Una seconda vita, in cui – passo dopo passo – diventa fondamentale il legame di amicizia con Agnese Moro, figlia dell’uomo che anche lui ha condannato a morte.
«Avevo rovinato la mia vita, e quella della mia famiglia, era una vita persa. Vivevo nella morte e non vedevo soluzioni: tutto era finito con il fallimento di quell’ideale di rivoluzione a cui avevo dato tutto. Un giorno in carcere, in cortile, incontrai Franceschini (il fondatore, insieme a Curcio, delle BR, ndr). Anche lui si sentiva come me. Così è nata la chiamata a don Salvatore Bussu, cappellano del carcere, un uomo semplice che per anni pazientemente aveva inserito dentro lo spioncino delle nostre celle dei biglietti per cercare un dialogo. Ci trattava come persone, che avevano sbagliato, ma uomini. Don Salvatore preoccupato per dei terroristi. Questa cosa era spiazzante. Se non sono morto, è per quell’umile prete. Da qui ho preso le mosse, per incontrare delle persone. Non come un collaboratore di giustizia, non volevo fare qualcosa per avere dei vantaggi, ma una scelta di cammino. Ho incontrato Giovanni Bachelet per esempio (figlio di Vittorio, ucciso dalle Br nel 1980, ndr.). E ho iniziato a rivedere il mio passato, fino ad affermare, fino in fondo, la sconfitta: la scelta della violenza, l’errore più grande. È stata una grande assunzione di responsabilità personale. Adesso potevo dialogare».
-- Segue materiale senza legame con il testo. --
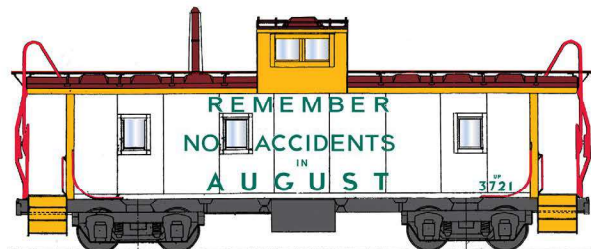

UNION PACIFIC CABOOSES

Features: Finely Molded Parts, wire and etched metal parts, metal wheelsets and metal knuckle couplers. Cars are not illuminated.

Suggested Retail Price: \$59.95

Re-Release!

UNION PACIFIC - SLOGANS (STOCK #CCS1065)

These cabooses are yellow with red roofs and lettering. The slogans are black & white.

STOCK / CAR #

- 01 25007 - "I Follow The Leader" - CA-3
- 02 25089 - "Go Big Train" - CA-3
- 03 25117 - "Put it Here - We'll get it There" - CA-4
- 04 25121 - "The Great American Car Pull" - CA-4

UNION PACIFIC - YELLOW (EARLY) (STOCK #CCS1066)

These cabooses are yellow with red roofs and lettering.

STOCK / CAR #

- 17 3737 - CA-3
- 18 3758 - CA-3
- 19 3841 - CA-4
- 20 3892 - CA-4

UNION PACIFIC - YELLOW (LATE) (STOCK #CCS1067)

These cabooses are yellow with red roofs and lettering.

STOCK / CAR #

- 17 25020 - CA-3
- 18 25077 - CA-3
- 19 25125 - CA-4
- 20 25176 - CA-4

UNION PACIFIC - WHITE SIDES - EARLY SAFETY SLOGANS (STOCK #CCS1068)

«Iniziai a partecipare agli incontri tra vittime e responsabili della lotta armata. Padre Guido Bertagna, gesuita, uno dei fautori di questo cammino durato 8 anni, insisteva perché io e Agnese ci vedessimo. Ricordo benissimo la prima volta. Mi invitò a casa sua e io le portai una piantina. Parlammo e parlammo. Poi le chiesi se aveva richieste particolari. Rispose di no, voleva che le parlassi della mia famiglia, del mio impegno sociale, dell’oggi. Rimase colpita quando le raccontai che, ancora in carcere, utilizzavo i permessi per andare a parlare con i professori di mio figlio. Le interessavo io, la mia vita oggi. Agnese ama ripetere che per avviare un dialogo bisogna essere disarmati. Così è stato».
Franco Bonisoli e Agnese Moro sono stati i principali protagonisti a Rimini de “L’incontro che genera vita”, organizzato dall’Università del Perdono fondata dalla Comunità Papa Giovanni XXIII.